(Reuters) - Pennsylvania Treasurer Rob McCord on Friday admitted to having "stepped over the line" in seeking campaign contributions, and will plead guilty to federal campaign law violations, according to his attorneys.
A day after saying that he would resign on Feb. 12 and intended to join the public sector, McCord, one of the activist officials to hold his elected position, apologized to the people of Pennsylvania for his actions in a video distributed by his attorneys on Friday.
"I stepped over the line by trying to take advantage of the fact that two potential contributors hoped to continue to do business with the commonwealth and by developing talking points to remind them that I could make things difficult for then," McCord said in the video. "I essentially said that the potential contributors should not risk making an enemy of the state treasurer."
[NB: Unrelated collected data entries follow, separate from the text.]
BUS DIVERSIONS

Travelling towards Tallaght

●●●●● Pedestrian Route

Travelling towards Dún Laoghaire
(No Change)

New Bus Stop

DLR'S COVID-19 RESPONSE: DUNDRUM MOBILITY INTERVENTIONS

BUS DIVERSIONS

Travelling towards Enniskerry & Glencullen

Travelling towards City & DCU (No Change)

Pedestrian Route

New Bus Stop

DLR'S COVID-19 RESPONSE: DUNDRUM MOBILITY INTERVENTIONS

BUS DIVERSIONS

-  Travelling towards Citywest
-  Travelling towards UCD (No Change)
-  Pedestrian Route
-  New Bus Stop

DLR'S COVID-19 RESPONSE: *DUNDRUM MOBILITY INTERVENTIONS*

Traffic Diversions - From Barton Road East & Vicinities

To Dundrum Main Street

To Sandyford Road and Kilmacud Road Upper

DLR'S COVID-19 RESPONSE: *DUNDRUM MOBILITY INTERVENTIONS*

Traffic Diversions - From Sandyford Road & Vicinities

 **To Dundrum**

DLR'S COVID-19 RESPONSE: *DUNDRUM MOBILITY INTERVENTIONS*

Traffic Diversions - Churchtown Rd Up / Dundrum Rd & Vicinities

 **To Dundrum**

His attorneys said in a statement that McCord "will be pleading guilty to certain federal charges arising out of his attempts in the spring of 2014 to raise campaign contributions."
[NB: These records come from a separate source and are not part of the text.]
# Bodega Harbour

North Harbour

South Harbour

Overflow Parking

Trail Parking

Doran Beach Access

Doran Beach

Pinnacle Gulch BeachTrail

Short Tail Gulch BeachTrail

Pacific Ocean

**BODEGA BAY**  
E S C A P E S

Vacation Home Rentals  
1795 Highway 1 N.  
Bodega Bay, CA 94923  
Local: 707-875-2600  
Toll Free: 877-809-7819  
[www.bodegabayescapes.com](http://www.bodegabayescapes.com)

In the video, McCord said he was concerned that by remaining in office, he would make it difficult for his department to operate. "The mistake and fault here is mine and mine alone," McCord said, adding that he was resigning immediately.
Newly-elected Governor Tom Wolf will appoint a successor to serve out the rest of McCord's term, which ends in 2016.
Last year, McCord unsuccessfully sought the Democratic nomination for governor, losing to Wolf.
McCord will enter his plea in U.S. District Court in the Middle District of Pennsylvania, his attorneys said.